Qvist Andreas H, Vaesel Michael T, Moss Carsten, Jakobsen Thomas, Jensen Steen L
Department of Orthopedics, Aarhus University Hospital;
Department of Orthopedics, Viborg Regional Hospital;
Acta Orthop. 2020 Sep 15;91(6):789-793. doi: 10.1080/17453674.2020.1820274.
Background and purpose - Most newer randomized studies examining plate fixation and nonoperative treatment of midshaft clavicular fractures utilize both Disabilities of the Arm, Shoulder and Hand (DASH) and Constant-Murley score (CS) in the evaluation of patient outcomes. Compared with DASH, the use of CS requires on-site trained personnel and patient visits to obtain the score. The use of both DASH and CS should provide extra value compared with the use of a single functional outcome score; if this value is not provided, the combined use is not necessary. We evaluated the agreement between DASH and CS in patients with displaced midshaft clavicular fractures.Patients and methods - We used prospectively collected data from 146 patients enrolled in a randomized study comparing operative and nonoperative treatment of midshaft clavicular fractures. We determined correlation between DASH and CS at all follow-up points and calculated mean bias in the Bland-Altman plot.Results - We found moderate to high correlation (from 0.82 at 6 weeks' follow-up to 0.58 at 1-year follow-up) between DASH and CS score, and a small bias (2.21 [95% CI 0.22-4.20]) in the Bland-Altman plot.Interpretation - In patients with displaced midshaft clavicular fractures DASH and CS measures the same degree of disability. Unless specifically studying strength and range of motion, we recommend the sole use of DASH as it would eliminate potential observer-induced bias along with removing the economic and logistic burden of obtaining CS without compromising the value of the collected data.
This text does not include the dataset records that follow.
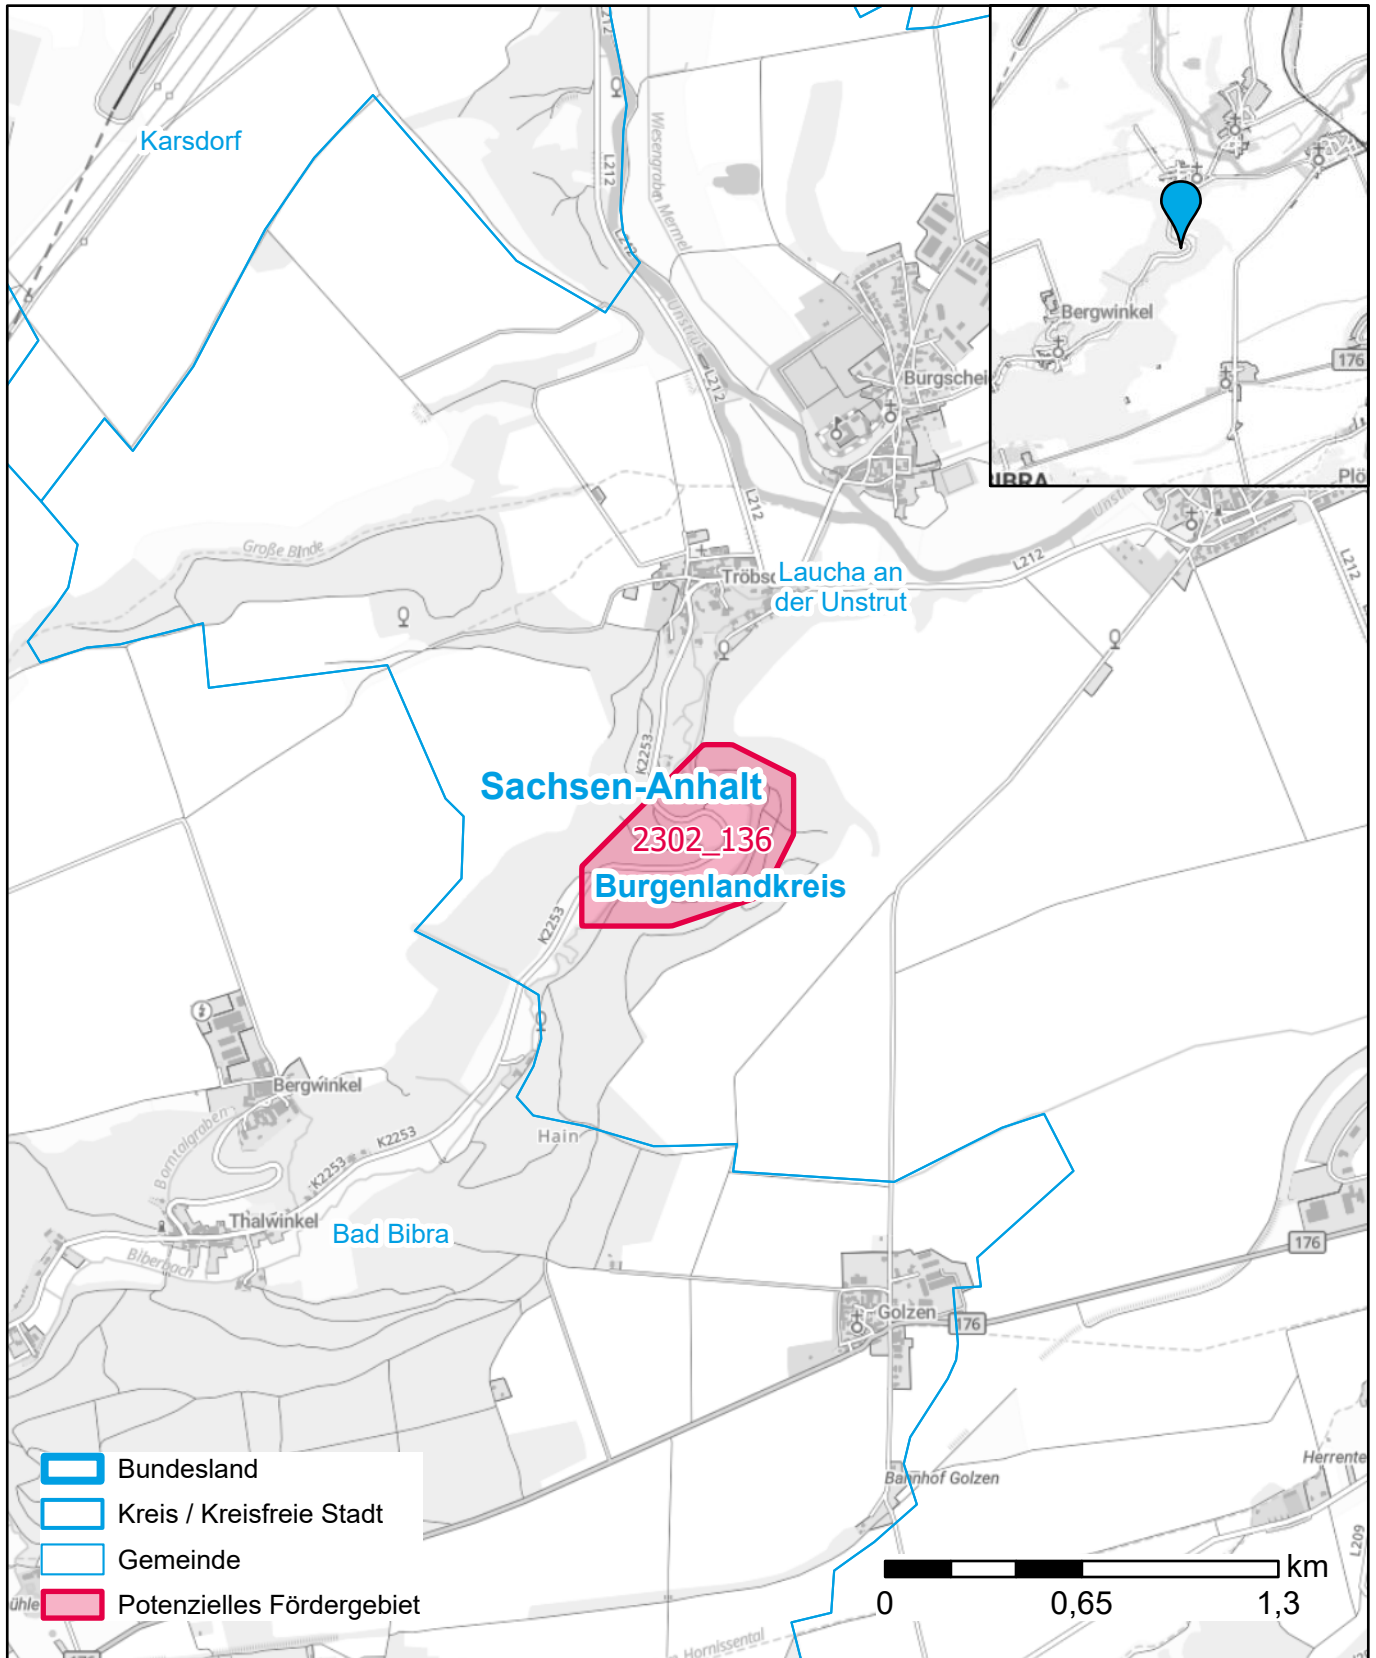

Markterkundungsverfahren zur Schließung weißer Flecken

Landkreis Burgenlandkreis, Stadt Laucha an der Unstrut
Gebiets-ID: 2302_136

Darstellung: Planstand Juni 2023
Datenbasis: MIG April/Mai 2023
Hintergrundkarte: © GeoBasis-DE / BKG (2022)
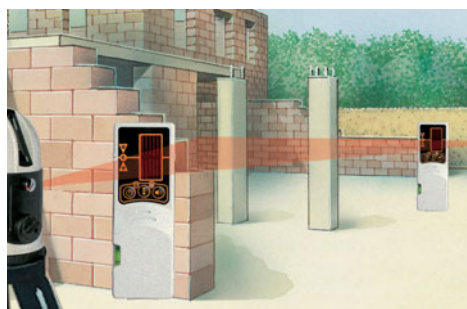

Laserliner®

AutoCross-Laser 3C

Korslinjelaser med 3 superljusa laserlinjer och extra lodlaser.

Rev.0412

- **PowerBright-Laser:** Speciella högkvalitativa laserdioder skapar extremt synliga laserlinjer.
- De **3 väl synbara laserlinjerna** lämpar sig utmärkt för injustering av kakel, reglade väggar, fönster, dörrar med mera.
- **Automatic Level:** Automatisk injustering genom magnetiskt dämpat pendelsystem.
- De **2 vertikala laserlinjerna** är rätvinkligt riktade mot varandra.
- Enkel och exakt lodfunktion med **extra lodlaser** nedtill och laserkors upptill.
- **Enskilt kopplingsbara** laserlinjer
- **Out-Of-Level:** Optiska signaler indikerar när korslinjelasern ligger utanför nivelleringsområdet.
- **RX-Ready:** Det integrerade handmottagarläget möjliggör identifiering av laserlinjerna med tillvalet lasermottagare Range-Xtender RX med upp till 50 m räckvidd, vilket är idealiskt för såväl inomhus- som utomhusbruk.
- Exakt positionering av laserlinjerna tack vare det vridbara höljet med **drivenhet för fininställning i sidled**.
- **Belyst libell** och **i höjdlid ställbara fötter** för förjustering av korslinjelasern.
- **Borttagbara gummihättor.**
- **Transport Lock:** Ett pendellås som skyddar rotationslasern vid transport.
- **Enkel enhetlig användning.**

Robust metallsockel med drivenhet för fininställning i sidled

Belyst libell för förjustering

Högkvalitativ extern snabbbladdare

ARTIKEL	ARTIKELNR	EAN-KOD	FE
AutoCross-Laser 3C	031.212A	4 021563 668465	1
AutoCross-Laser 3C RX	031.211A	4 021563 667062	1
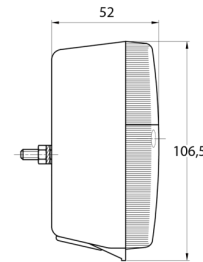

LUCI ANTERIORI E POSTERIORI

3118.1000150

Luce posteriore alogena | sinistra+destra | 12-24V

EAN: 5414184565098

Specifiche

Altezza mm	106.5 mm
Certificazione	ECE
Colore	Ambra/rosso
Colore della lente	Ambra/rosso
Con indicatore di direzione	Sì
Con luce di posizione-stop	Sì
Connessione	Passacavo
Da ordinare presso	2
Fonte luminosa	Alogeno
Fornito con	Viti di montaggio

Imballaggio	Imballaggio POS
Lato di montaggio	Posteriore - Sinistra e destra
Lunghezza mm	108 mm
Montaggio	Montaggio superficiale
Peso (kg)	0,162 Kg
Presca	P21W-BA15s/P21/5W BAY15d
Spessore mm	52 mm
Tensione operativa	12V - 24V
Tipo	Luci posteriori
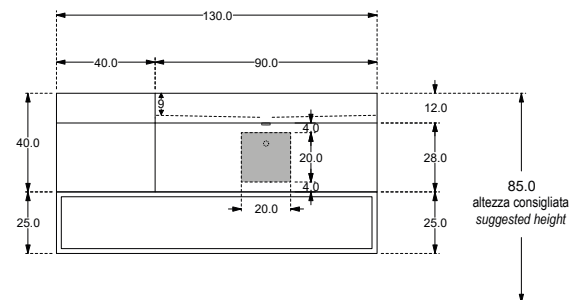

LESV1

Vassoio quadrato in metallo verniciato, posizionamento libero.
Varnished square-shaped tray, free positioning.

LESV2

Vassoio circolare in metallo verniciato, posizionamento libero.
Varnished round-shaped tray, free positioning.

Vista frontale con indicazione posizione scarichi e vista in pianta (versione destra)

Front view with drain connection suggestion
and top view (right version)

Pilette consigliate: P3 / P5 (per lavabo acciaio)
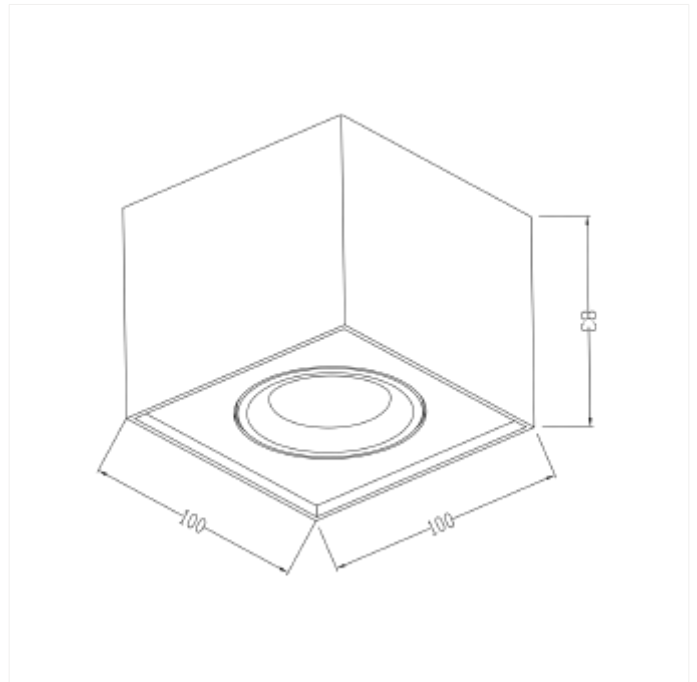

PRODUCT FAMILY SHEET

Cobra 360° Rotatable Surface

Cobra 360° Rotatable Surface

Cobra 360° er en roterbar utenpåliggende downlight hvor lyset kan tiltes 25° og justeres 360° rundt. Leveres i 2700K eller Dim to Warm. Modellen er utviklet ut ifra fra vår bestselger serie Cobra 360° Roterbar downlight, og har de samme egenskapene og den unike 360° funksjonen. Monteres enkelt i taket ved å skru opp takplaten før man «klikker» den på plass.

VERSIONS

Art.No	Effect [W]	Cold Lumen [lm]	Lumen Output [lm]	CCT [K]	Beam Angle [°]	Lens Difuser	CRI [>]	Color	Light Control	Connection
6827-38-2	8	650	600	2700	38°	Klar	90	Sort	Fasekutt	Hurtigkobling
6827-D2W-38-3	8	550	470	00-2000K D	38°	Klar	90	Hvit	Fasekutt	Hurtigkobling
6827-38-3	8	650	600	2700	38°	Klar	90	Hvit	Fasekutt	Hurtigkobling

背景与目的——大多数较新的关于锁骨中段骨折钢板固定及非手术治疗的随机研究在评估患者预后时,同时使用了上肢、肩部和手部功能障碍评分(DASH)及Constant-Murley评分(CS)。与DASH相比,使用CS需要现场经过培训的人员以及患者前来就诊以获得评分。与使用单一功能预后评分相比,同时使用DASH和CS应该能提供额外价值;如果未提供这种价值,那么联合使用就没有必要。我们评估了移位型锁骨中段骨折患者中DASH与CS之间的一致性。
患者与方法——我们使用了来自一项比较锁骨中段骨折手术与非手术治疗的随机研究中前瞻性收集的146例患者的数据。我们确定了所有随访时间点DASH与CS之间的相关性,并在Bland-Altman图中计算了平均偏差。
结果——我们发现DASH与CS评分之间存在中度到高度相关性(从随访6周时的0.82到随访1年时的0.58),并且在Bland-Altman图中存在较小偏差(2.21[95%CI 0.22 - 4.20])。
解读——在移位型锁骨中段骨折患者中,DASH和CS测量的残疾程度相同。除非专门研究力量和活动范围,我们建议单独使用DASH,因为这样可以消除潜在的观察者诱导偏差,同时消除获取CS的经济和后勤负担,而不会影响所收集数据的价值。